● **WHAT TO WORK ON**
The pictures are to be dropped, and the records below are to be restated word for word.

● **EXTRACTED MATERIAL**
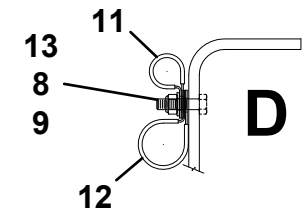

# SUPPLY PRESSURE & RETURN HOSE INSTALL 144" WB 2011+ DODGE

**HYDRAULIC LINES & FITTINGS INSTALLATION DW ALL SOLENOID**

ITEM	PART NO.	DESCRIPTION	QTY	ITEM	PART NO.	DESCRIPTION	QTY
1	1001133325	Hose,Kit HLF MPL40 Dw All Sol	1	42	1001131323	Clamp, Assy Kit Stauff 0.38" Tube	2
2	7445080843	Adapter #8JIC(M) X #8"O"(M) St	8				
3	7445060843	Adapter #6JIC(M) X #8"O"(M) St	6				
4	7443000231	Fitting 90 Degree Elbow	2				
5	7445081046	Elbow #8 JIC (M) X # 10 "O" (M	1				
6	7445081045	Elbow #8JIC(M) X #10"O"(M) 90	4				
7	7443000372	Fitting T- Run 3m #6 JIC	2				
8	7445060645	Elbow #6JIC(M)-#6"O"(M) 90 Deg	8				
9	7445060647	Branch #6JIC(2m)-"O" (M) Tee	2				
10	7445060646	Elbow #6JIC(M)-#6"O"(M) 45 Deg	4				
11	7445060643	Adapter Straight 0.38" O-Ring To	3				
12	7443000105	Reducer #6 JIC(F) - #4 JIC(M)	1				
13	7445040443	Adapter Str #4JIC-#4 "O" Ring	2				
14	7445040643	Adapter, Str #4 JIC-#6 "O" Rin	1				
15	7935000308	Valve Assy C-Bal Hydro Air	1				
16	1001173683	Valve, Cb Sun Cbbg-Ljn-Eci Body	1				
17	7115151650	Capscrew 0.31"-18nc X 2.00" Hex	8				
18	7950150161	Flatwasher 0.31" Nom Wide - Pla	8				
19	7660152601	Locknut 0.031"-18NC Gr5 Hex Nyloc	8				
020A	8565000007	Hose 2-0.50" Single Jacket Mill	10				
21	7443000048	Fitting Plug #8"O"(M)	1				
24	7443000168	Adapter #12 "O" X 0.75 ID Beaded	1				
25	7274000080	Clamp Hose Tbolt 1.12" Nom Dia	4				
26	7443000319	Fitting 90 Deg 1.00" Nptm X 0.75"	2				
27	7430000003	Filter Assy Oil W/Element #Aa	1				
28	7114140618	Capscrew 0.25" - 20nc X 0.75" Ss B	2				
29	7950140003	Lockwasher 0.25" Nom Reg S/S	2				
30	7950140143	Flatwasher 0.25" Nom Narrow Ss	2				
31	7470000002	Gauge #15Mst-01B60 Oil Filter	1				
32	7443000066	Fitting 45el.13npt Male X 0.13"n	1				
33	4567131080	Hose 0.50" X 80" #8 St(Fsw) - #8	2				
34	7577000622	Kit Tube Hlf Base MPL40	1				
35	7445080847	Ftg #8 JIC(2m) - #8 "O"(M) Bra	2				
36	7935000258	Valve Ext. Relief #Rpec-Lan-Fg	2				
37	7115140650	Capscrew 0.25"-20nc X 0.75" Hex	4				
38	7950140141	Flatwasher 0.25" Nom Narrow	4				
39	7950140003	Lockwasher 0.25" Nom Reg S/S	4				
40	7445080818	Nut #8JIC (F) Cap	1				
41	1001131306	Clamp, Assy Kit Stauff 0.38" Tube	13

● **COMPLETED TASK**
# SUPPLY PRESSURE & RETURN HOSE INSTALL 144" WB 2011+ DODGE

**HYDRAULIC LINES & FITTINGS INSTALLATION DW ALL SOLENOID**

ITEM	PART NO.	DESCRIPTION	QTY	ITEM	PART NO.	DESCRIPTION	QTY
1	1001133325	Hose,Kit HLF MPL40 Dw All Sol	1	42	1001131323	Clamp, Assy Kit Stauff 0.38" Tube	2
2	7445080843	Adapter #8JIC(M) X #8"O"(M) St	8				
3	7445060843	Adapter #6JIC(M) X #8"O"(M) St	6				
4	7443000231	Fitting 90 Degree Elbow	2				
5	7445081046	Elbow #8 JIC (M) X # 10 "O" (M	1				
6	7445081045	Elbow #8JIC(M) X #10"O"(M) 90	4				
7	7443000372	Fitting T- Run 3m #6 JIC	2				
8	7445060645	Elbow #6JIC(M)-#6"O"(M) 90 Deg	8				
9	7445060647	Branch #6JIC(2m)-"O" (M) Tee	2				
10	7445060646	Elbow #6JIC(M)-#6"O"(M) 45 Deg	4				
11	7445060643	Adapter Straight 0.38" O-Ring To	3				
12	7443000105	Reducer #6 JIC(F) - #4 JIC(M)	1				
13	7445040443	Adapter Str #4JIC-#4 "O" Ring	2				
14	7445040643	Adapter, Str #4 JIC-#6 "O" Rin	1				
15	7935000308	Valve Assy C-Bal Hydro Air	1				
16	1001173683	Valve, Cb Sun Cbbg-Ljn-Eci Body	1				
17	7115151650	Capscrew 0.31"-18nc X 2.00" Hex	8				
18	7950150161	Flatwasher 0.31" Nom Wide - Pla	8				
19	7660152601	Locknut 0.031"-18NC Gr5 Hex Nyloc	8				
020A	8565000007	Hose 2-0.50" Single Jacket Mill	10				
21	7443000048	Fitting Plug #8"O"(M)	1				
24	7443000168	Adapter #12 "O" X 0.75 ID Beaded	1				
25	7274000080	Clamp Hose Tbolt 1.12" Nom Dia	4				
26	7443000319	Fitting 90 Deg 1.00" Nptm X 0.75"	2				
27	7430000003	Filter Assy Oil W/Element #Aa	1				
28	7114140618	Capscrew 0.25" - 20nc X 0.75" Ss B	2				
29	7950140003	Lockwasher 0.25" Nom Reg S/S	2				
30	7950140143	Flatwasher 0.25" Nom Narrow Ss	2				
31	7470000002	Gauge #15Mst-01B60 Oil Filter	1				
32	7443000066	Fitting 45el.13npt Male X 0.13"n	1				
33	4567131080	Hose 0.50" X 80" #8 St(Fsw) - #8	2				
34	7577000622	Kit Tube Hlf Base MPL40	1				
35	7445080847	Ftg #8 JIC(2m) - #8 "O"(M) Bra	2				
36	7935000258	Valve Ext. Relief #Rpec-Lan-Fg	2				
37	7115140650	Capscrew 0.25"-20nc X 0.75" Hex	4				
38	7950140141	Flatwasher 0.25" Nom Narrow	4				
39	7950140003	Lockwasher 0.25" Nom Reg S/S	4				
40	7445080818	Nut #8JIC (F) Cap	1				
41	1001131306	Clamp, Assy Kit Stauff 0.38" Tube	13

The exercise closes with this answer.